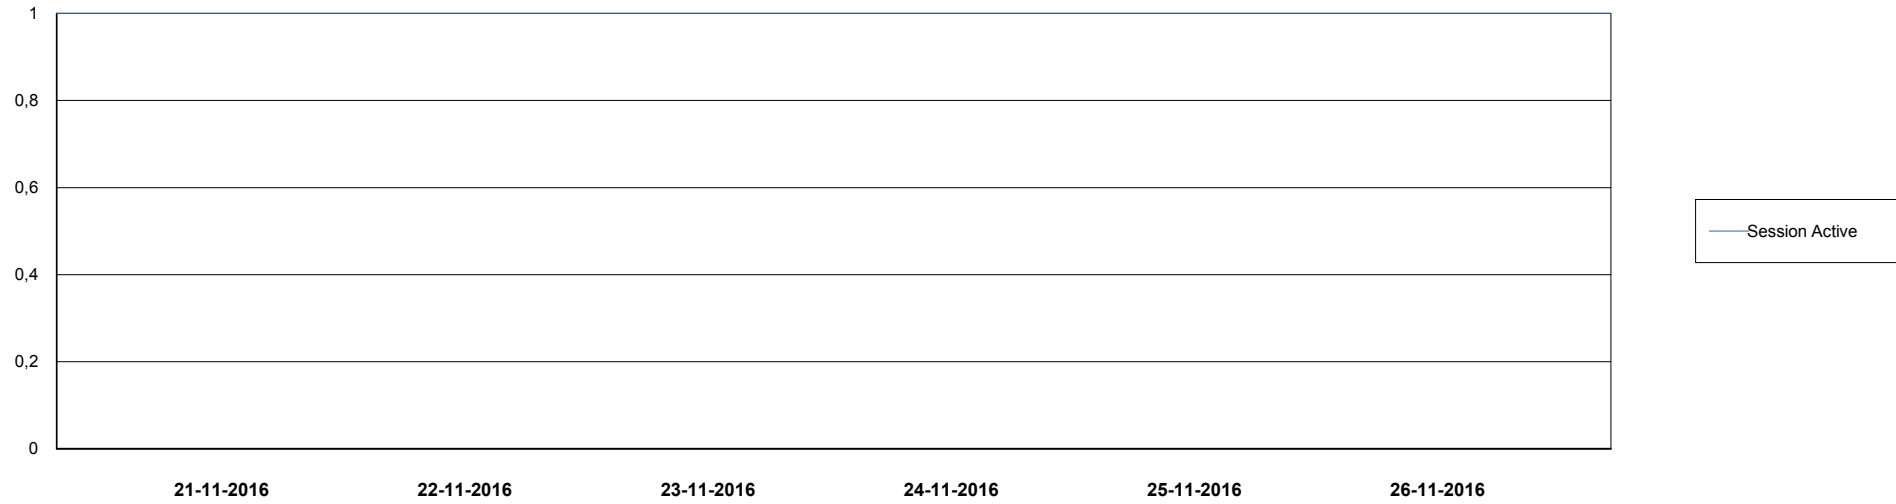

Weekly SLA Customer Report

Customer WBL_Production
Database ID 40

DATABASE PERFORMANCE WBLDB_Standby
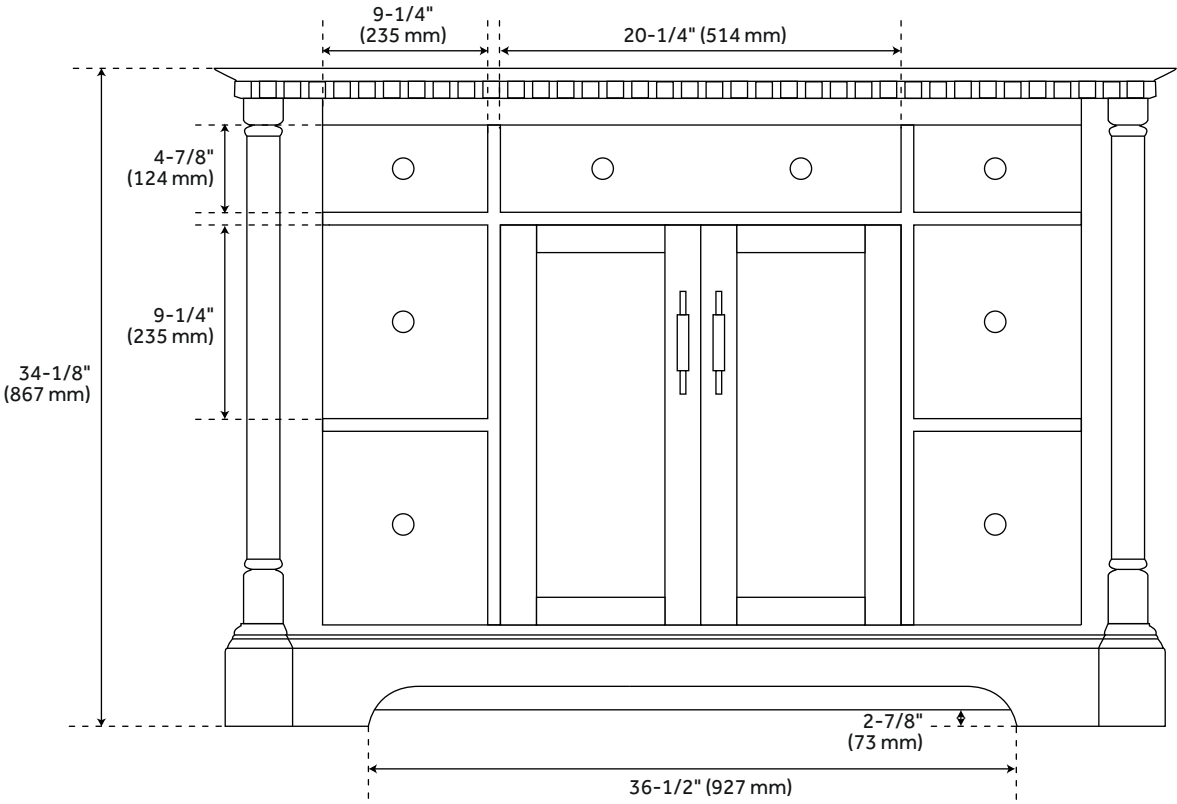

48" CLAUDIA VANITY WITH RECTANGULAR UNDERMOUNT SINK - WHITE

SKU: 953832-48-RUMB

Code: SH484391, SH484392, SH484393, SH484394, SH484395, SH484396, SH484397, SH484398

FEATURES

Installation Type: Freestanding
Features: Soft-Close Hinges; Matching Mirror
Product Finish: White
Material: Mahogany
Number of Doors: 2
Number of Drawers: 6
Width: 48"
Height: 34-1/8"
Depth: 21-1/2"
Assembly Required: No
Number of Shelves: 1
Dovetail Drawers: Yes
Number of Basins: 1
Sink Installation: Undermount - Rectangle
Basin Length: 18-1/8"
Basin Width: 12-3/4"
Water Depth To Overflow: 4-1/8"
Fits Drain Hole Size: 1-1/2"
Faucet Included: No
Sink Material: Porcelain
Vanity Top Thickness: 3cm
Water Depth to Rim: 5-1/2"
Adjustable Shelves: Yes
Hardware Finish: Brushed Nickel
Built-In Adjusters: Yes
Sink Included: Yes
Sink Color: White
Basin Overflow: Yes
Vanity Top Included: Yes
Vanity Top Depth: 22"
Vanity Top Width: 49"
Mirror Included: No
Recommended Accessories: 9976467, 9976469, 9976474, 9976477

REVISED 1/11/2024

48" CLAUDIA VANITY WITH RECTANGULAR UNDERMOUNT SINK - WHITE

SKU: 953832-48-RUMB

Code: SH484391, SH484392, SH484393, SH484394, SH484395, SH484396, SH484397, SH484398

ADDITIONAL FEATURES

- Includes a backsplash and a pair of white porcelain sinks.
- Features 1 tilt-out drawer and 6 standard drawers.
- Polished Carrara Marble is sourced from Italy.
- Each stone top is carved from a single piece of stone and will feature natural variations.
- See Installation Instructions for directions to attach the vanity top and sink.
- All dimensions are ($\pm 1/2$ ").
- [Wood finish samples available.](#)

REVISED 1/11/2024

48" CLAUDIA VANITY - WHITE

All dimensions and specifications are nominal and may vary. Use actual products for accuracy in critical situations.
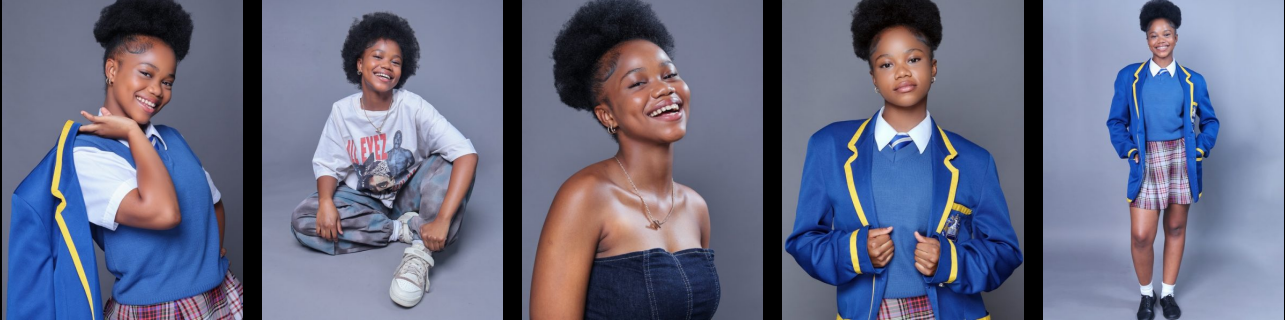

# Ntwenhle Gumede

Age: 17 Languages: IsiZulu, English Height: 1,65 Shoes: 3 & 4 Waist and Shirt:  
28- 32 and S & XS

---

2024: Youngins – Support Lisa ( Showmax)
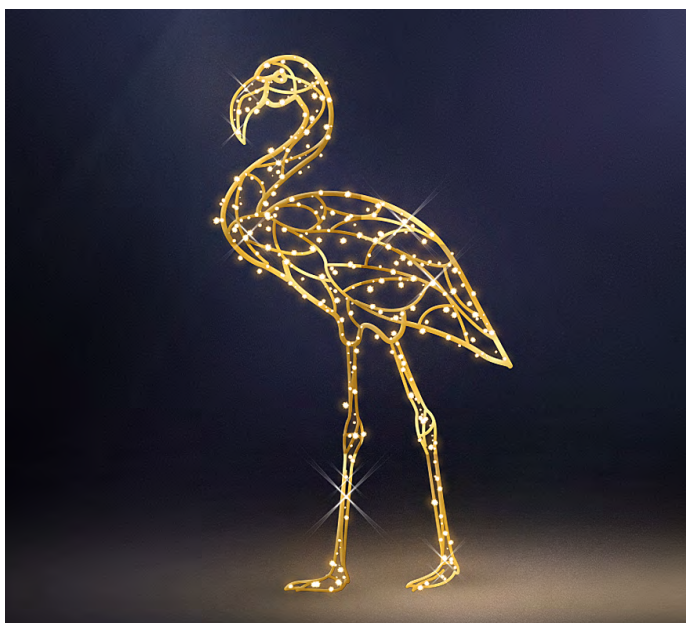

Flamingo1 2,1m	
Code	TB3D0190
Size	2,1m height
Watt	50W
Power info	36V , 50W transformer

Flamingo1 1,5m	
Code	TB3D0191
Size	1,5m height
Watt	30W
Power info	36V , 30W transformer

Flamingo2 2,1m	
Code	TB3D0192
Size	2,1m height
Watt	50W
Power info	36V , 50W transformer

Flamingo2 1,5m	
Code	TB3D0193
Size	1,5m height
Watt	30W
Power info	36V , 30W transformer
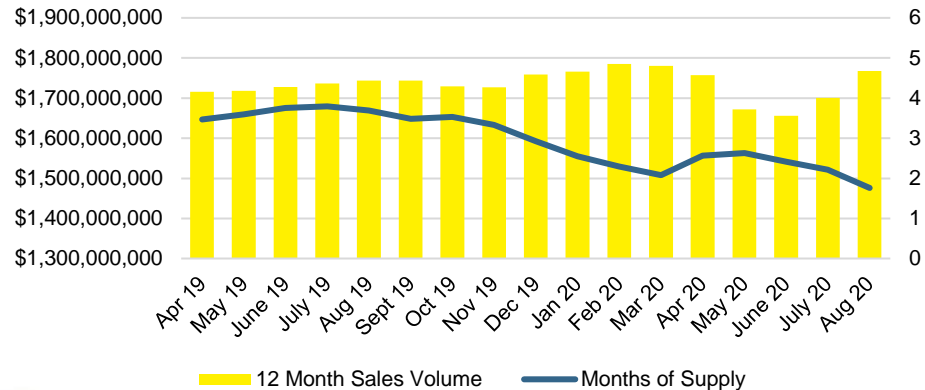

CHEROKEE COUNTY INVENTORY BY PRICE POINT

DAWSON COUNTY QUICK N'DICATORS

DAWSON COUNTY SALES VOLUME VS SUPPLY

DAWSON COUNTY MONTHS OF SUPPLY

DAWSON COUNTY 12 MONTH AVERAGE SALES PRICE

DAWSON COUNTY SALES BY PRICE POINT

DAWSON COUNTY INVENTORY BY PRICE POINT

FORSYTH COUNTY QUICK N'DICATORS

FORSYTH COUNTY SALES VOLUME VS SUPPLY

FORSYTH COUNTY MONTHS OF SUPPLY

FORSYTH COUNTY 12 MONTH AVERAGE SALES PRICE

FORSYTH COUNTY SALES BY PRICE POINT
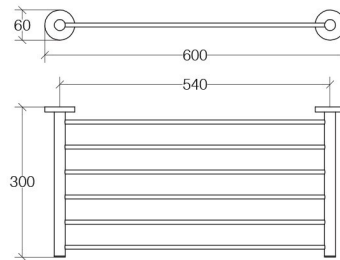

# Product Specs Sheets

GRIGLIA PORTA SALVIETTE 600 MM - OTTONE CROMATO  
TOWEL SHELF 600 MM - CHROMED BRASS

WEIGHT kg 1,57  
VOLUME m<sup>3</sup> 0,0166

Collection  
Napie

Model |  
Napie 53141

Dimensions Metric

1 inch = 2.54 cm  
1 inch = 25.4 mm

**WS**<sup>®</sup>  
BATH  
COLLECTIONS

1051 Lea Drive - Collegeville, PA 19426  
Tel. 215 513 9400 - Fax 610 831 0215  
[www.ws bathcollections.com](http://www.ws bathcollections.com) - [info@ws bathcollections.com](mailto:info@ws bathcollections.com)

◆ ◆ ◆ ◆

◆ **To do**: An exact transcription is needed of the lines from the one with "Flamingo2 2,1m" to the one with "Tel. 215 513 9400 - Fax 610 831 0215" above, both ends included, with pictures left out.

◆ **Completed task**:
Flamingo2 2,1m	
Code	TB3D0192
Size	2,1m height
Watt	50W
Power info	36V , 50W transformer

Flamingo2 1,5m	
Code	TB3D0193
Size	1,5m height
Watt	30W
Power info	36V , 30W transformer

CHEROKEE COUNTY INVENTORY BY PRICE POINT

DAWSON COUNTY QUICK N'DICATORS

DAWSON COUNTY SALES VOLUME VS SUPPLY

DAWSON COUNTY MONTHS OF SUPPLY

DAWSON COUNTY 12 MONTH AVERAGE SALES PRICE

DAWSON COUNTY SALES BY PRICE POINT

DAWSON COUNTY INVENTORY BY PRICE POINT

FORSYTH COUNTY QUICK N'DICATORS

FORSYTH COUNTY SALES VOLUME VS SUPPLY

FORSYTH COUNTY MONTHS OF SUPPLY

FORSYTH COUNTY 12 MONTH AVERAGE SALES PRICE

FORSYTH COUNTY SALES BY PRICE POINT

# Product Specs Sheets

GRIGLIA PORTA SALVIETTE 600 MM - OTTONE CROMATO  
TOWEL SHELF 600 MM - CHROMED BRASS

WEIGHT kg 1,57  
VOLUME m<sup>3</sup> 0,0166

Collection  
Napie

Model |  
Napie 53141

Dimensions Metric

1 inch = 2.54 cm  
1 inch = 25.4 mm

**WS**<sup>®</sup>  
BATH  
COLLECTIONS

1051 Lea Drive - Collegeville, PA 19426  
Tel. 215 513 9400 - Fax 610 831 0215  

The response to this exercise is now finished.